# My Japanese Trains



## rwalker (May 22, 2008)

Hisashiburi (it's been a long time), as they say in Japan. I haven't had a build log here in years, and it's my love of Japanese commuter trains and rural lines that has inspired me to come back to the work bench. I've lived there for 8 years and I'm a frequent visitor now. I have for your consideration my builds of a diesel motor unit (DMU) of the KiHa variety that plies the rural lines throughout Japan and an electric KuHa type that evokes the looks of JR's commuter trains. I have access to a water cutter, so I drafted up the front and sides of the DMU and cut them out from .125 sheet styrene. Then it was just a matter assembling the parts with liquid cement or super glue. Either worked well.


----------



## rwalker (May 22, 2008)

*Building the KiHa Coaches*

The KiHa are a series of DMUs that provide services to the farthest reaches of Japan's truncated railway companies (East Japan Railway Corp, West Japan Railway Company, Hokkaido Railway Corporation, Kyushu Railway Company and Central Japan Railway). Until 1988, all were under the banner of Japan National Railways (JNR) but was divided up among regional divisions in a de-centralization effort. KiHa's are powered by under slung diesel engines with hydraulic transmissions. They serve the most remote communities imaginable. They operate like a rail bus with an operator under "One Man" fare collection. They are run as a single unit or in pairs.
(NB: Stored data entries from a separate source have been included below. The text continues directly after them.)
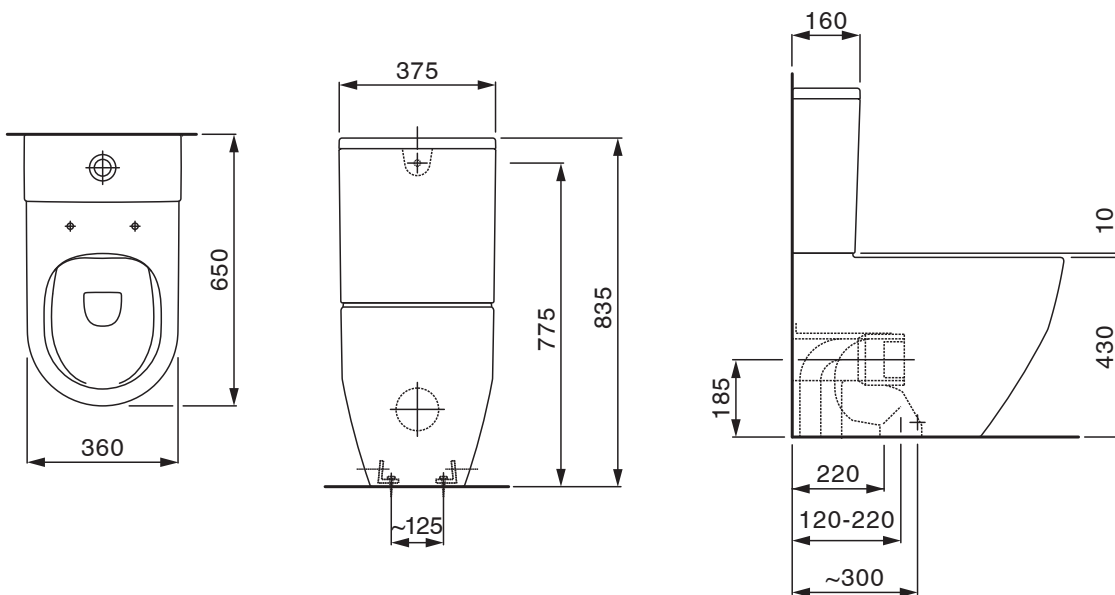

LAUFEN

LAUFEN Pro A Rimless Close Coupled Back to Wall Back Inlet Toilet Suite Slim Soft Close Quick Release Seat (4 Star)

1813059

SPECIFICATIONS

Recommended Use	Residential;Commercial
Rim Configuration	Rimless
Pan Outlet Type	S Trap with Supplied Conversion Bend
Pan Material	Vitreous China
Cistern Weight (kg)	15.3
Pan Weight (kg)	38
Toilet Seat Type	Soft Close;Quick Release
Toilet Seat Material	Duraplast

WARRANTY

Residential & Commercial Use (Years)	25
Spare Parts & Labour (Years)	1

Please refer to LAUFEN Warranty page for full Terms and Conditions
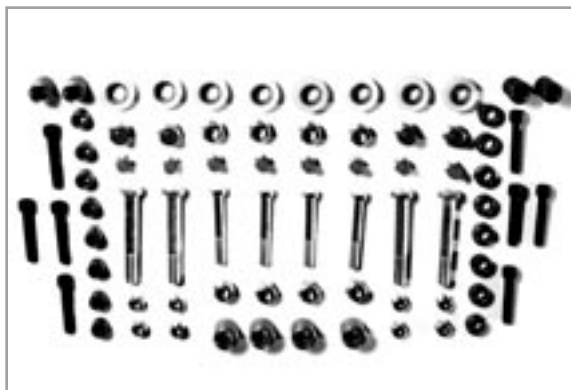

12-862938-000
JCP CUSHION TUNE-UP KIT
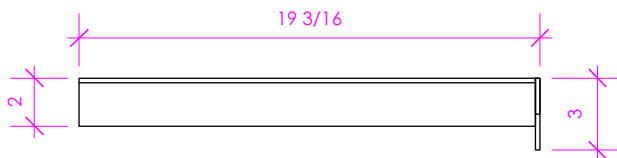

LACAVA

BR5419 WALL BRACKET

LACAVA reserves the right to revise any dimension or information on this sheet without notice. Dimensions are nominal and may vary within an industry accepted tolerance of 1/4". Cabinets with 'vanity top' sinks are made to the matching sink and dimensions may vary. LACAVA is not responsible for any cutouts, countertops, or furniture made without the actual product or template. Differences in color, grain, appearance, and texture are inherent in all natural woodwork and should be expected. Variances in these qualities are not deemed manufacturing defects and will not be accepted as valid reasons for return or exchanges. Plumbing specifications are only a guideline and may need alteration based on application.
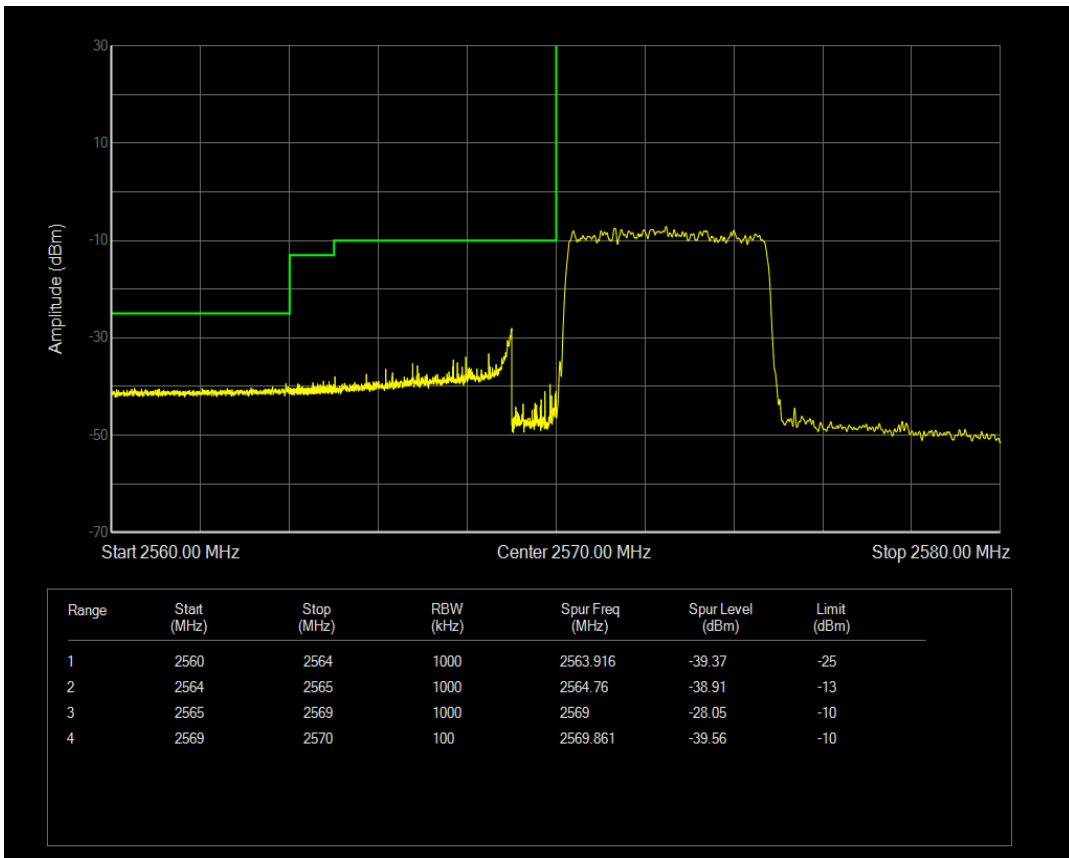

Band38 QPSK BW=5MHz Channel=37775 RB Size=25 Position=#0

Band38 QAM16 BW=5MHz Channel=37775 RB Size=1 Position=#Max

Band38 QAM16 BW=5MHz Channel=37775 RB Size=25 Position=#0

Band38 QPSK BW=5MHz Channel=38225 RB Size=1 Position=#0

This allows the stations they serve to be unmanned (except for the one with the cat in charge). The one I'm making isn't scale, but I'm trying to evoke the flavor of these simple coaches that travel up and down some of the most beautiful scenery ever. Anyway, back to the build. Once I've got the ends and sides together, I add the 1/2 inch ABS half round to the roof corners. These take the flimsiness out of the body and strengthen it. I buy it at Home Depot. After this, the floor went in. Looking back, on the second unit, the floor will be installed last.


----------



## rwalker (May 22, 2008)

I'm putting an operator's cabs in both ends, since the real ones work the same way. There is a lot of space to work with if I wanted to put in an interior, but I'm tempted to just blank out the windows ala Hartland Motor Works. We'll see how I'm feeling after frame up two of these. Maybe you guys and gals can egg me on.


----------



## rwalker (May 22, 2008)

I also framed up the KuHa EMUs the same way. I have to dig up my HLW pantographs for this one. Lots of private railways operate EMUs as well, but some of these lines are disappearing. Once such line was the Towada Kanko Railway which ran from Misawa (home of Misawa Air Base) to the city Towada. It ran it's final run in April 2012 to much fanfare and tears of thanks.


----------



## David Leech (Dec 9, 2008)

Looks very nice.
Do please put interiors in them.
Since you cast, it won't be too hard to make a bunch of seats and put passengers on them.
Regards,
David Leech, Delta, Canada


----------



## rwalker (May 22, 2008)

Ah, so you are aware of my casting talents, eh?


----------



## David Leech (Dec 9, 2008)

rwalker said:


> Ah, so you are aware of my casting talents, eh?


I looked at your other posts to see if you had a first name, could not find one, but you spoke of casting for years for multiple parts for projects!
This would seem to fit the bill.
Cheers,
David Leech, Delta, Canada


----------



## Scott (Jan 29, 2008)

Looks great mate, will look awesome when complete.


----------



## Jerry Barnes (Jan 2, 2008)

Nice work.


----------



## harvey (Dec 30, 2008)

Hello, very impressed with what you've completed so far. Looking forward to seeing more of your progress.
Well done,
thanks.


----------



## rwalker (May 22, 2008)

*Construction Continues*

First KiHa roof installed.


----------



## David Leech (Dec 9, 2008)

Coming along nicely.
The first and third photo look VERY similar!
Cheers,
David Leech, Delta, Canada


----------



## rwalker (May 22, 2008)

Yes, fixed that


----------



## rwalker (May 22, 2008)

With the mis-cuts and scraps I made a shorter version of the KiHa DMU. It's roughly 3.5 inches shorter than the original, yet it has the same window spacing and seat capacity. Just right for those small radius curves at a little over 18 inches. When I get these done, I want to scale up this HO paper model of the Seaway Train from animated feature Spirited Away.


----------



## rwalker (May 22, 2008)

Got more work done on the J-trains. I decided to concentrate on the mini coach I threw together to prototype building the others. This weekends work got it puttied and sanded, floor mounts installed and a drivers compartment made.


----------



## rwalker (May 22, 2008)

Hello, anyone, I'm thinking ahead for the head and rear red marker lights. I need an idea of how to get the headlights to come on going forward and the red marker lights to come on in back as well. I've used the RaM Electronics dual head light kit to do this in the past for just the head lights. I'd like to avoid having to use two of these per car, any thoughts?


----------